Knowledge & Retrieval¶
Facilities for searching and retrieving knowledge from a robot's history and from external documents:
- Chat History Search — semantic search over accumulated conversation turns
- Embedding-Based Document Store — lightweight RAG: store arbitrary text, search by meaning
Chat History Search¶
The Problem¶
Long-running robots accumulate many conversation turns. When you need to recall what was discussed earlier on a specific topic, re-sending the full history wastes tokens. search_history gives you a focused slice of the most relevant past messages without touching the LLM.
robot.search_history¶
Scores every message in the robot's conversation history against query using stemmed term-frequency cosine similarity (via the classifier gem). Returns up to limit HistoryResult objects sorted by score descending.
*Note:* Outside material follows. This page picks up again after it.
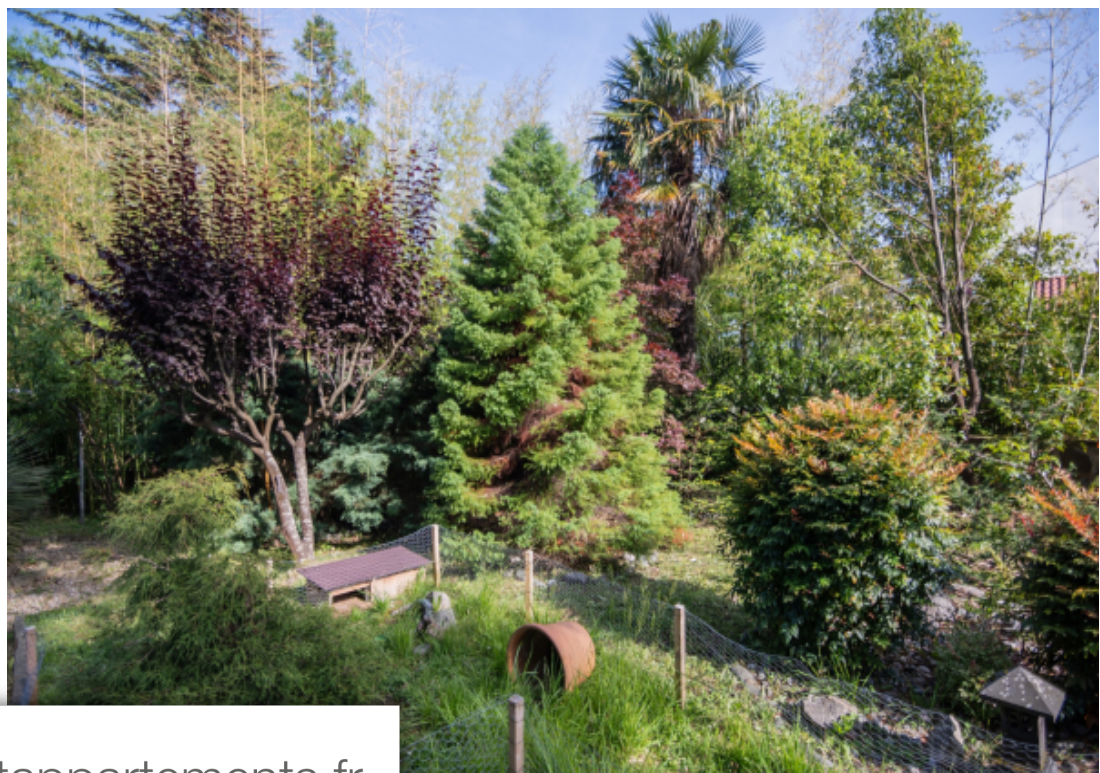

www.maisonsetappartements.fr

results = robot.search_history("quarterly revenue", limit: 3)
results.each do |r|
puts "[#{r.role}] score=#{r.score.round(3)} idx=#{r.index}"
puts " #{r.text}"
end
HistoryResult Fields¶
| Field | Type | Description |
|---|---|---|
text |
String | The message text |
role |
Symbol | :user, :assistant, or :system |
score |
Float (0.0–1.0) | Cosine similarity with the query |
index |
Integer | Position in @chat.messages |
Typical Scores¶
| Relationship | Typical Score |
|---|---|
| Direct answer to the query | 0.50 – 0.80 |
| Same topic, different phrasing | 0.20 – 0.50 |
| Unrelated | < 0.10 |
Short Messages¶
Messages shorter than 20 characters are skipped — they produce no meaningful term vector.
Full Example¶
robot = RobotLab.build(name: "analyst", system_prompt: "You are a financial analyst.")
# … after several robot.run() calls …
hits = robot.search_history("customer acquisition cost")
hits.each { |r| puts "#{r.role} (#{r.score.round(2)}): #{r.text}" }
RAG Pattern — Retrieve Then Generate¶
Use search_history to inject only the relevant past context into the next call:
hits = robot.search_history(user_query, limit: 3)
context = hits.map(&:text).join("\n")
robot.run("Recall context:\n#{context}\n\nNew question: #{user_query}")
Optional Dependency¶
search_history requires the classifier gem:
Without it, calling search_history raises RobotLab::DependencyError with an install hint.
Embedding-Based Document Store¶
The Problem¶
Sometimes the knowledge you need isn't in the conversation history — it's in a README, a product spec, a changelog. store_document / search_documents embed arbitrary text with fastembed and retrieve the most relevant chunk at query time.
memory.store_document / memory.search_documents¶
memory.store_document(:readme, File.read("README.md"))
memory.store_document(:changelog, File.read("CHANGELOG.md"))
hits = memory.search_documents("how to configure redis", limit: 3)
hits.each { |h| puts "#{h[:key]} (#{h[:score].round(3)}): #{h[:text][0..80]}" }
Each result hash contains:
| Key | Type | Description |
|---|---|---|
:key |
Symbol | The key the document was stored under |
:text |
String | The full stored text |
:score |
Float (0.0–1.0) | Cosine similarity with the query |
Standalone DocumentStore¶
The Memory methods delegate to RobotLab::DocumentStore, which can also be used directly:
store = RobotLab::DocumentStore.new
store.store(:doc_a, "Ruby on Rails is a full-stack web framework.")
store.store(:doc_b, "Postgres is an advanced relational database.")
results = store.search("relational database SQL", limit: 2)
puts results.first[:key] # => :doc_b
Management methods:
store.size # => 2
store.keys # => [:doc_a, :doc_b]
store.empty? # => false
store.delete(:doc_a)
store.clear
Embedding Model¶
Default: BAAI/bge-small-en-v1.5 (~23 MB, downloaded on first use, cached in ~/.cache/fastembed/).
Documents are embedded with a "passage: " prefix and queries with "query: " prefix — the standard retrieval convention for BGE models.
Custom model:
RAG Pattern¶
# 1. Index your knowledge base at startup
memory.store_document(:readme, File.read("README.md"))
memory.store_document(:changelog, File.read("CHANGELOG.md"))
memory.store_document(:api_docs, File.read("docs/api.md"))
# 2. At query time, retrieve the most relevant chunks
hits = memory.search_documents(user_query, limit: 3)
context = hits.map { |h| h[:text] }.join("\n\n")
# 3. Pass context to your robot
result = robot.run("Use the following context:\n#{context}\n\nQuestion: #{user_query}")
Memory API Summary¶
| Method | Description |
|---|---|
memory.store_document(key, text) |
Embed and store a document |
memory.search_documents(query, limit: 5) |
Search by semantic similarity |
memory.document_keys |
List stored keys |
memory.delete_document(key) |
Remove a document |
Dependency¶
fastembed is a core RobotLab dependency — no optional gem required. The ONNX model is downloaded on first use.